Collection entries:
╔══

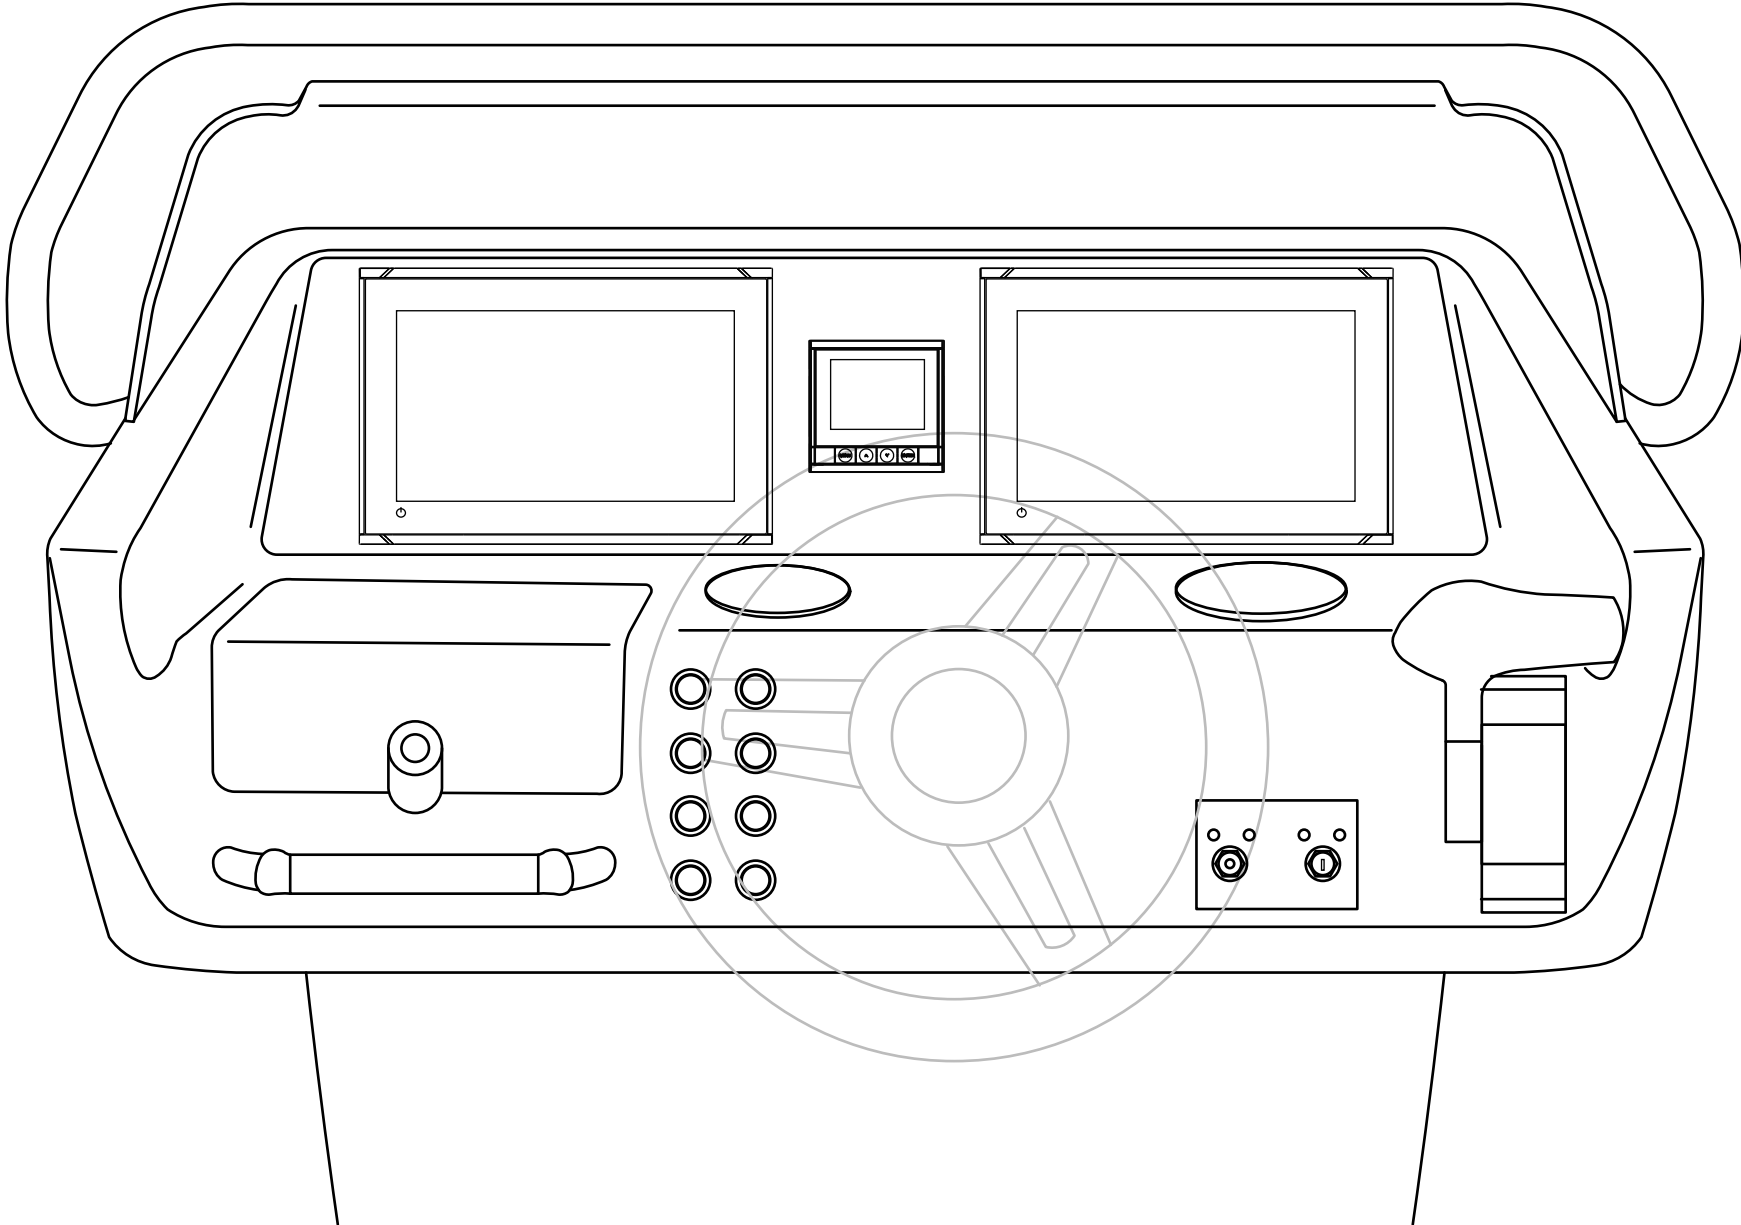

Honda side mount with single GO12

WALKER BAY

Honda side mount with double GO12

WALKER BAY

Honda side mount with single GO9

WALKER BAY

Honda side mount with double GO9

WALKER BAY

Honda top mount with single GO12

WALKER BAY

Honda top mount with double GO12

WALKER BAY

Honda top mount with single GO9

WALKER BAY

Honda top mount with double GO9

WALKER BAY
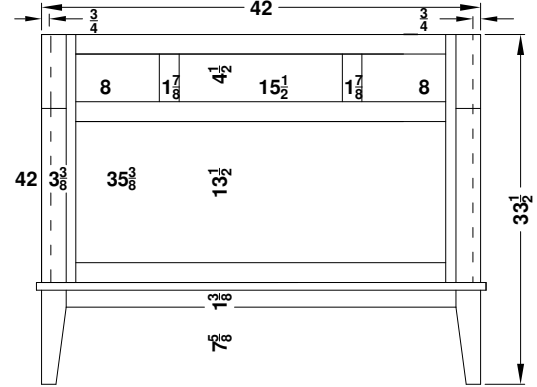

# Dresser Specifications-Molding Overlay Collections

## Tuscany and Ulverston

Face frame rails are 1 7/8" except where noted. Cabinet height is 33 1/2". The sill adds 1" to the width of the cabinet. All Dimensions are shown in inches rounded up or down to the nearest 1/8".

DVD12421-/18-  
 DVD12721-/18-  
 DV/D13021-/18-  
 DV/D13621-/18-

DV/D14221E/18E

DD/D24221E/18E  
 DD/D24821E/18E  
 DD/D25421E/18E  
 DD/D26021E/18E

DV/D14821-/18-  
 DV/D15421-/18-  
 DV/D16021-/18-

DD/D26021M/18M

╚══
╔══

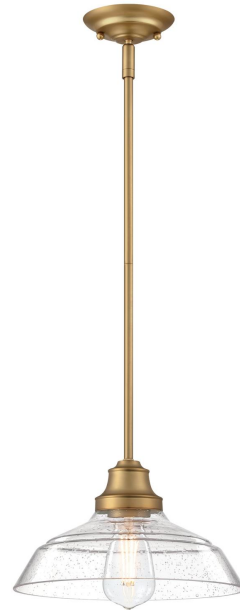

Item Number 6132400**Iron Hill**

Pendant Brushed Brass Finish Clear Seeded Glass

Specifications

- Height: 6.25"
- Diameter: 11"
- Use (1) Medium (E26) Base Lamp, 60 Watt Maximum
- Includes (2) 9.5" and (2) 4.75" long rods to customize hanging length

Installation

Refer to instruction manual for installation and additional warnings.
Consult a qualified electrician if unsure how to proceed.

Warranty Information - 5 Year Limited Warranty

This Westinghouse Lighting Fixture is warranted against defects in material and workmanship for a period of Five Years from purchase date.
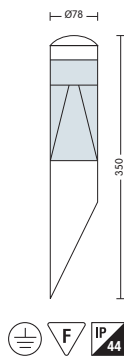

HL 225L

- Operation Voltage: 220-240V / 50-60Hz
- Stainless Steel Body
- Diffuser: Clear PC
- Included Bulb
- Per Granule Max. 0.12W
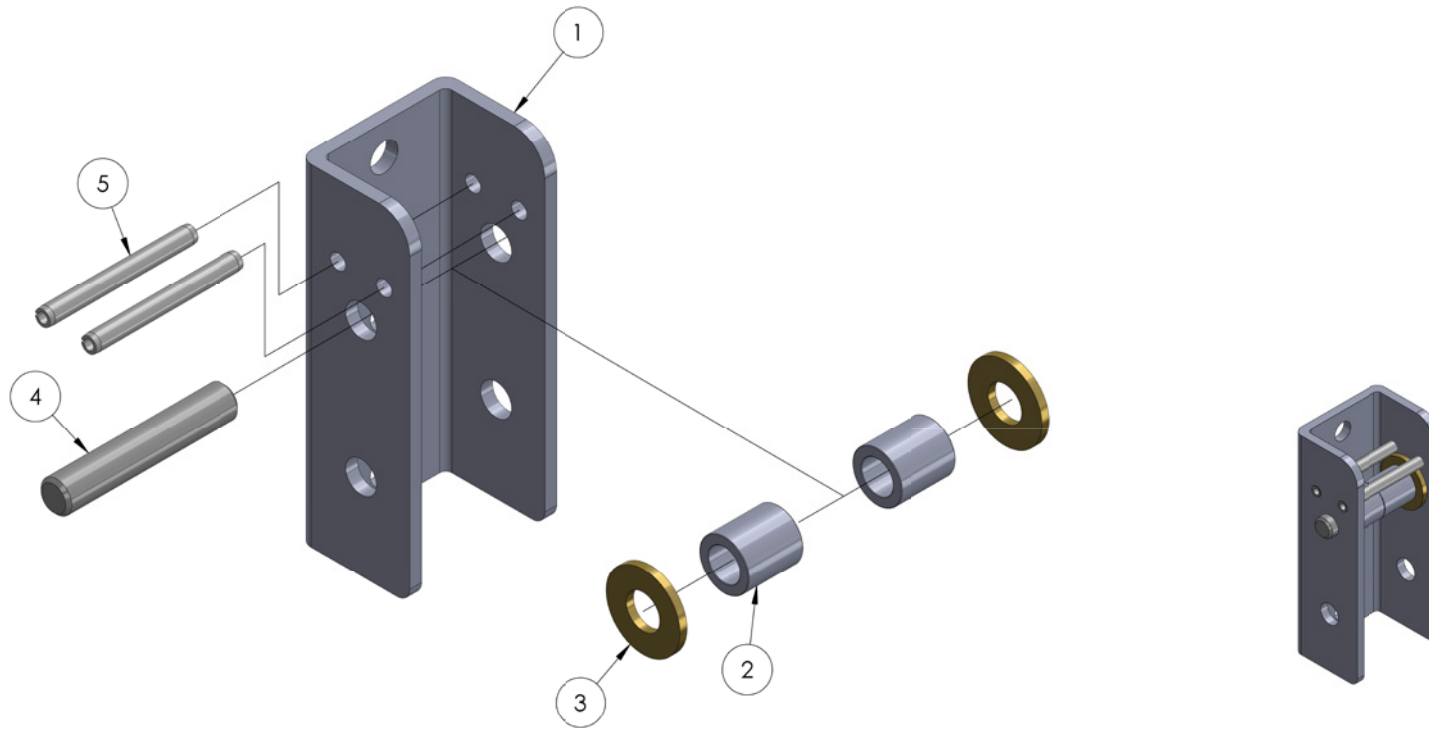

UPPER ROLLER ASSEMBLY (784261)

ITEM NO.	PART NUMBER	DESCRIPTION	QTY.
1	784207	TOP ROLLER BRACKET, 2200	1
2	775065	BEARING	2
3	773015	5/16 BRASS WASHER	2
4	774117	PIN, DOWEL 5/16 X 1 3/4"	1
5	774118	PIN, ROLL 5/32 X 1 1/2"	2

╚══
╔══

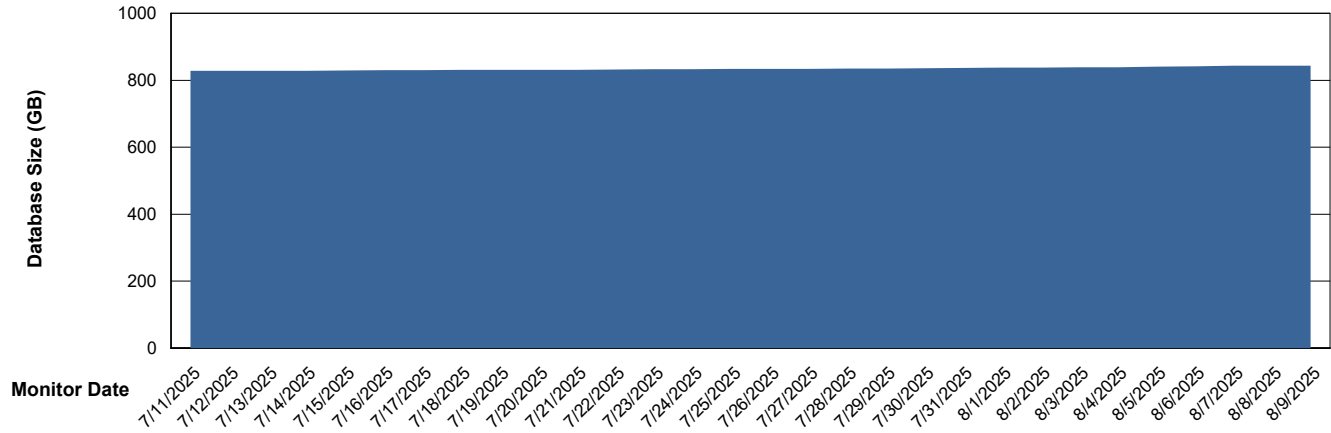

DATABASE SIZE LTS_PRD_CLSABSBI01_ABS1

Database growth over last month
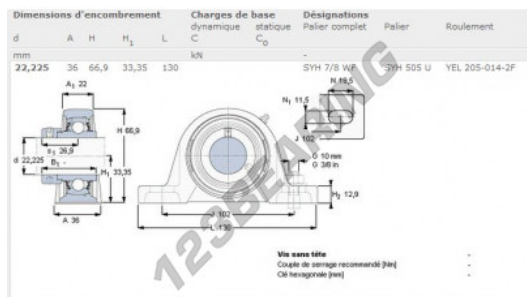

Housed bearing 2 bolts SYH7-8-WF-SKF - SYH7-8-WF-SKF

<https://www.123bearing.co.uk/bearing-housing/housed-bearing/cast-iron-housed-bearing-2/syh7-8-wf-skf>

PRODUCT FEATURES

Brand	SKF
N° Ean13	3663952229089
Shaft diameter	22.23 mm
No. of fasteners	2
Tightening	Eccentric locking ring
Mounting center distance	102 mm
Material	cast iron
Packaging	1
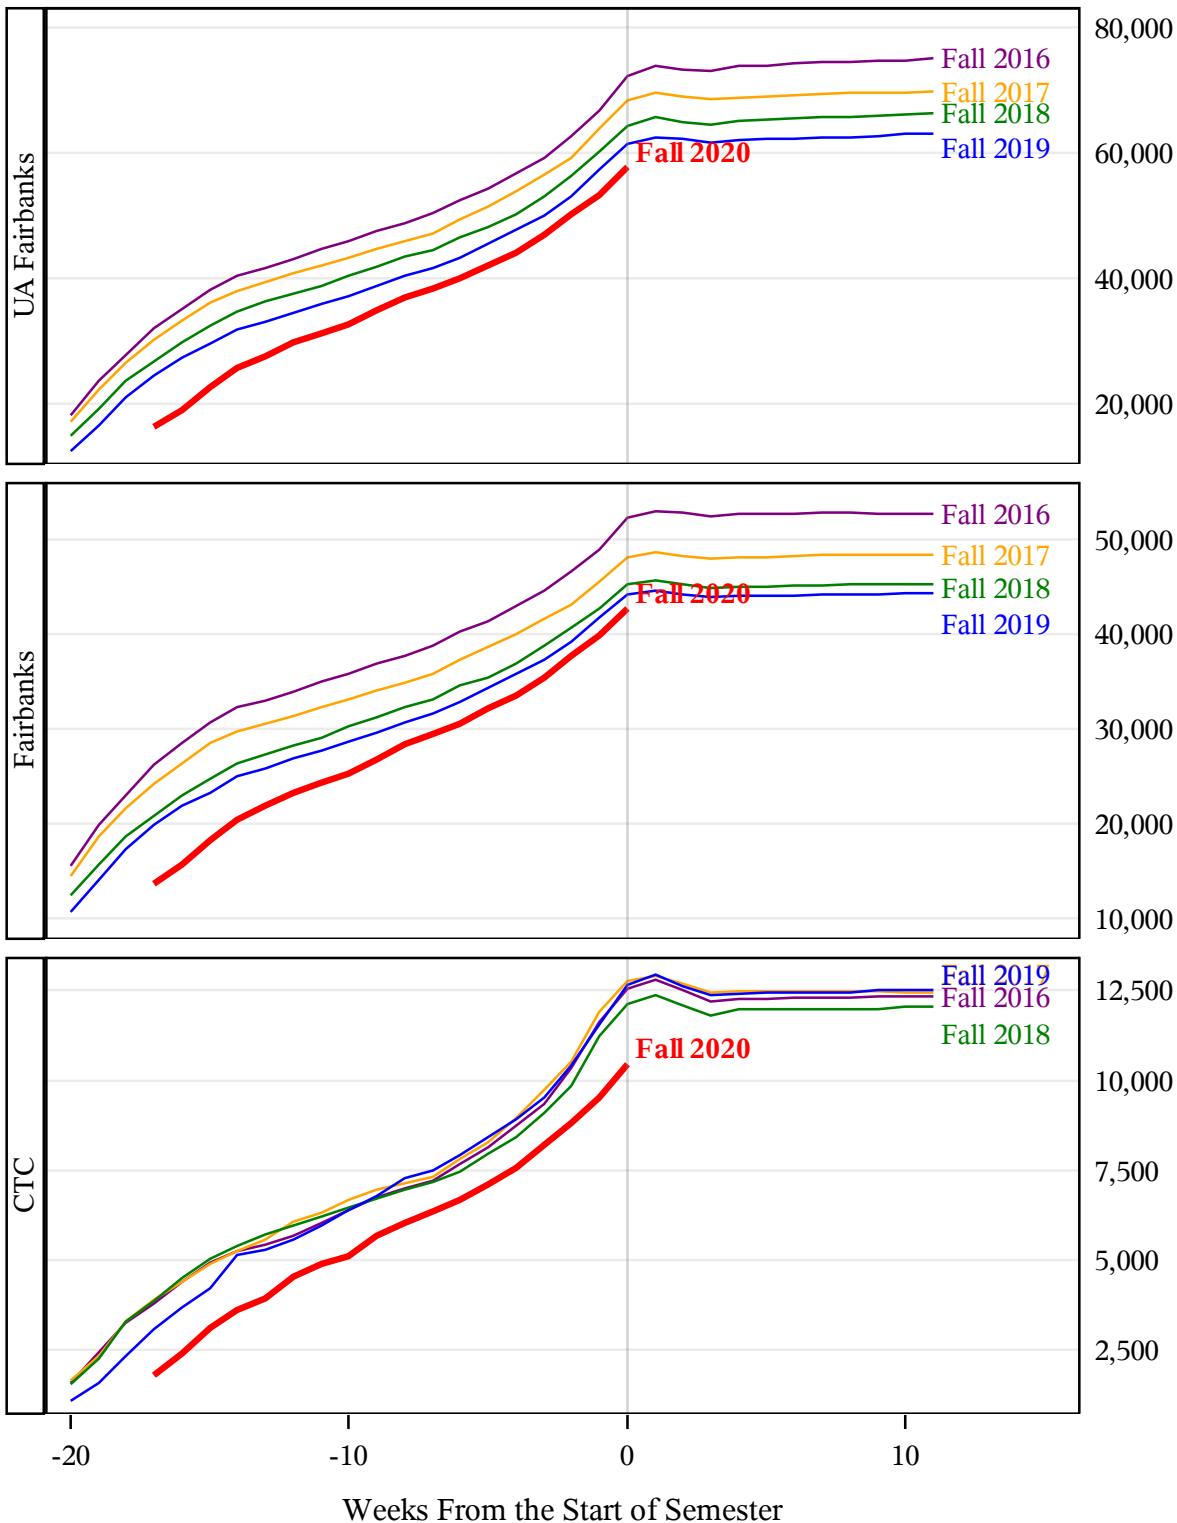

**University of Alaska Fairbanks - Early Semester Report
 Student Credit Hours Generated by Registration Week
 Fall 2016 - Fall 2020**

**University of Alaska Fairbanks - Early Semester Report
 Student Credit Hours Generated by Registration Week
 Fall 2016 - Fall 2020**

╚══

All pictures are to be skipped. Output, word for word, the lines in the data above starting at the line containing "Honda side mount with single GO12" and ending at the line containing "DD/D26021M/18M".

Exercise answer:
Honda side mount with single GO12

WALKER BAY

Honda side mount with double GO12

WALKER BAY

Honda side mount with single GO9

WALKER BAY

Honda side mount with double GO9

WALKER BAY

Honda top mount with single GO12

WALKER BAY

Honda top mount with double GO12

WALKER BAY

Honda top mount with single GO9

WALKER BAY

Honda top mount with double GO9

WALKER BAY

# Dresser Specifications-Molding Overlay Collections

## Tuscany and Ulverston

Face frame rails are 1 7/8" except where noted. Cabinet height is 33 1/2". The sill adds 1" to the width of the cabinet. All Dimensions are shown in inches rounded up or down to the nearest 1/8".

DVD12421-/18-  
 DVD12721-/18-  
 DV/D13021-/18-  
 DV/D13621-/18-

DV/D14221E/18E

DD/D24221E/18E  
 DD/D24821E/18E  
 DD/D25421E/18E  
 DD/D26021E/18E

DV/D14821-/18-  
 DV/D15421-/18-  
 DV/D16021-/18-

DD/D26021M/18M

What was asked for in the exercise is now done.